> **Available records**
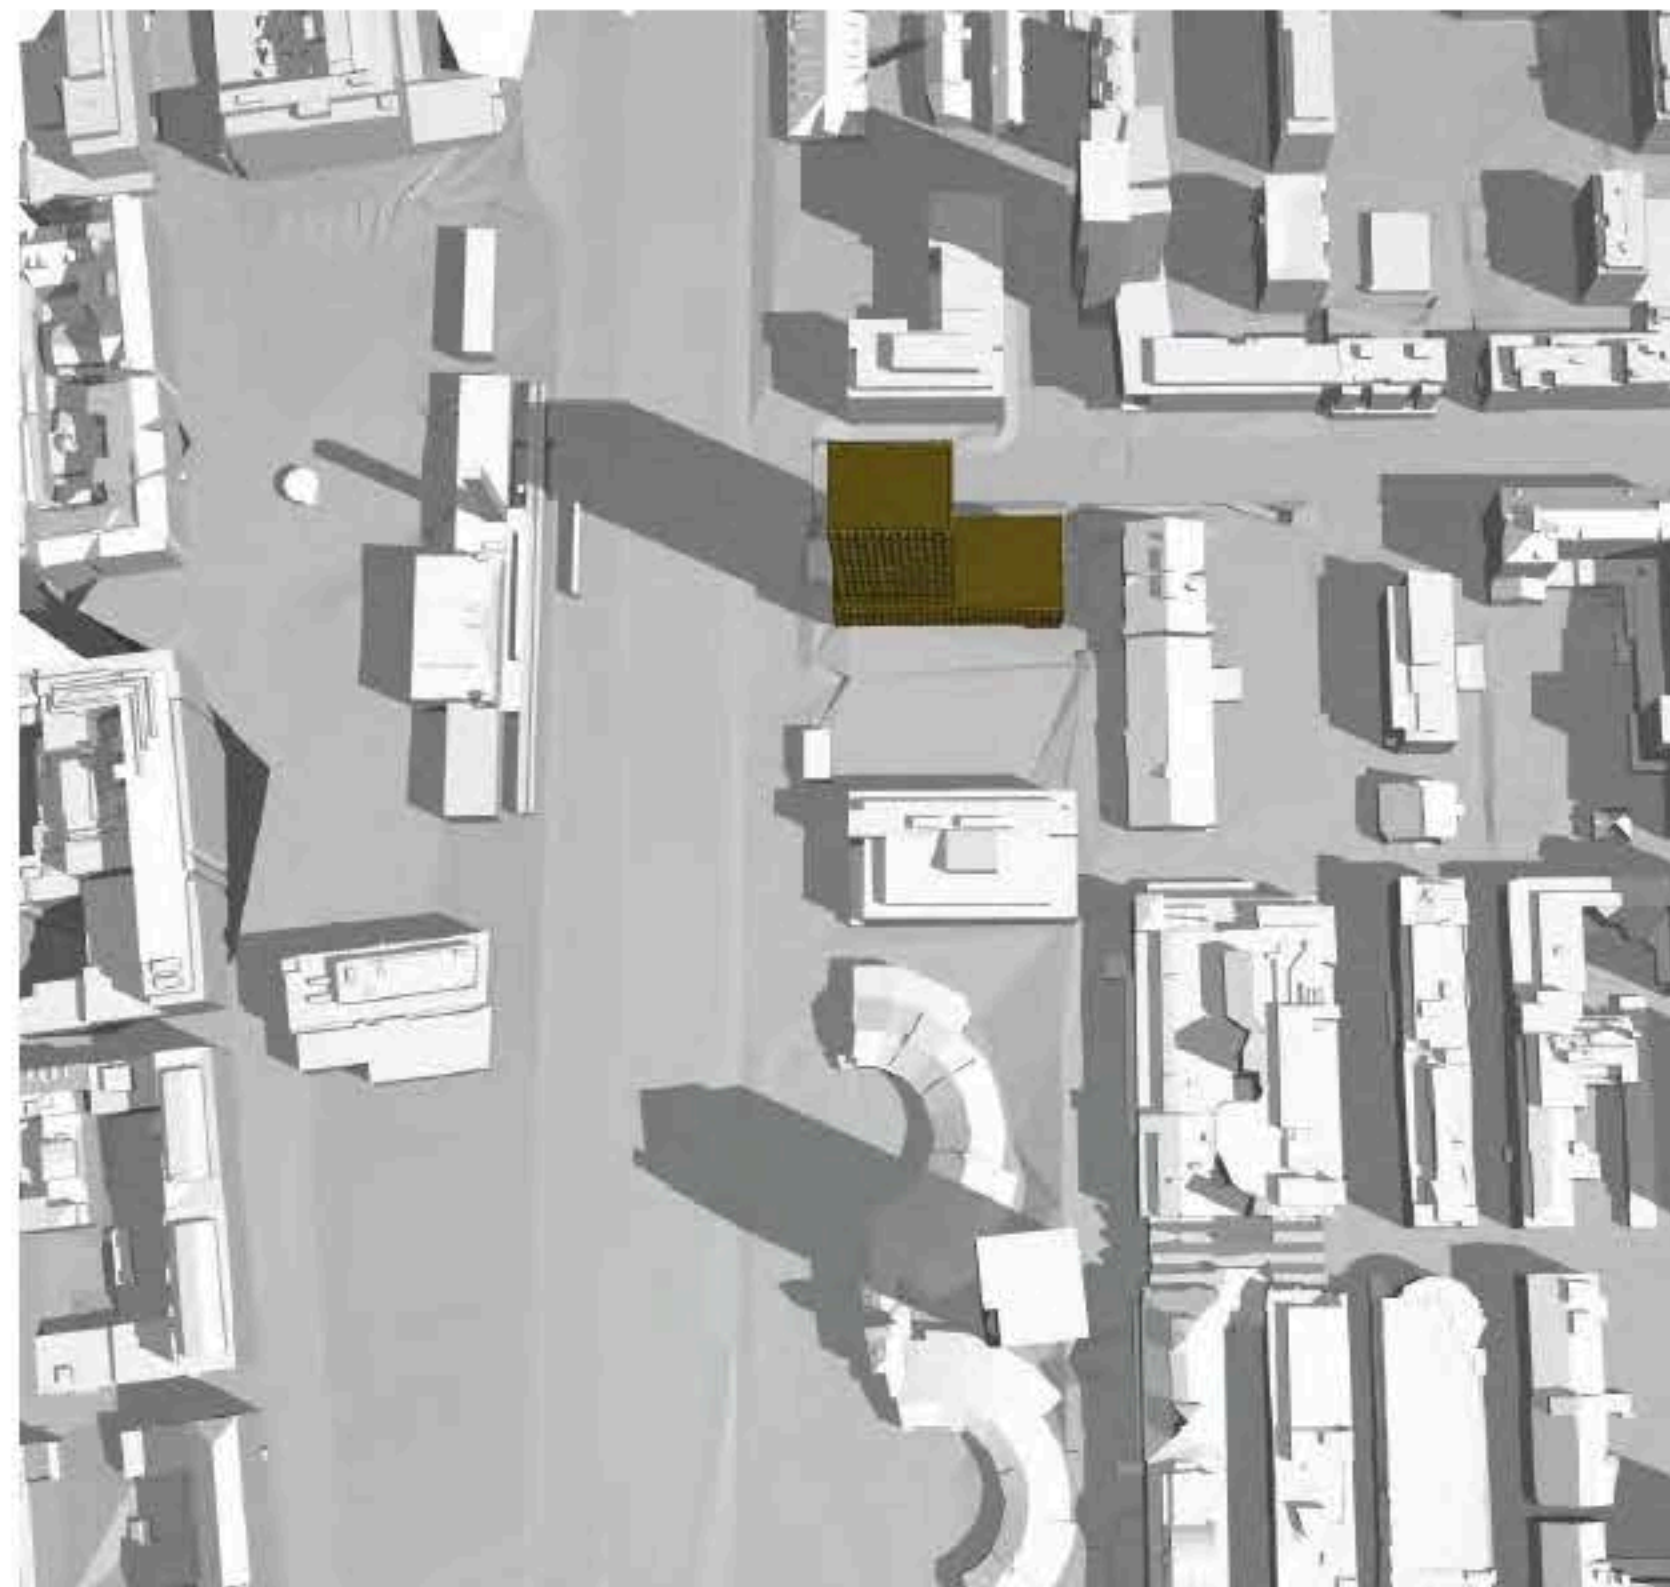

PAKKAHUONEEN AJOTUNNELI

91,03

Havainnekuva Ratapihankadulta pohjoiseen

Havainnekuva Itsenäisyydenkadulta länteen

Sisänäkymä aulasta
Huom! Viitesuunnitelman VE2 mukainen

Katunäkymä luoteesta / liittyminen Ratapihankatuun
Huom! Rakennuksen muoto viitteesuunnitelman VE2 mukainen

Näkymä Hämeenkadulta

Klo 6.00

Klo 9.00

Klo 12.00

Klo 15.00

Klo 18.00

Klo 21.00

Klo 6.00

> **Assigned task**
Take the line holding "Katunäkymä luoteesta /" and all lines after it through the end of the data, and set them down exactly.

> **Written answer**
Katunäkymä luoteesta / liittyminen Ratapihankatuun
Huom! Rakennuksen muoto viitteesuunnitelman VE2 mukainen

Näkymä Hämeenkadulta

Klo 6.00

Klo 9.00

Klo 12.00

Klo 15.00

Klo 18.00

Klo 21.00

Klo 6.00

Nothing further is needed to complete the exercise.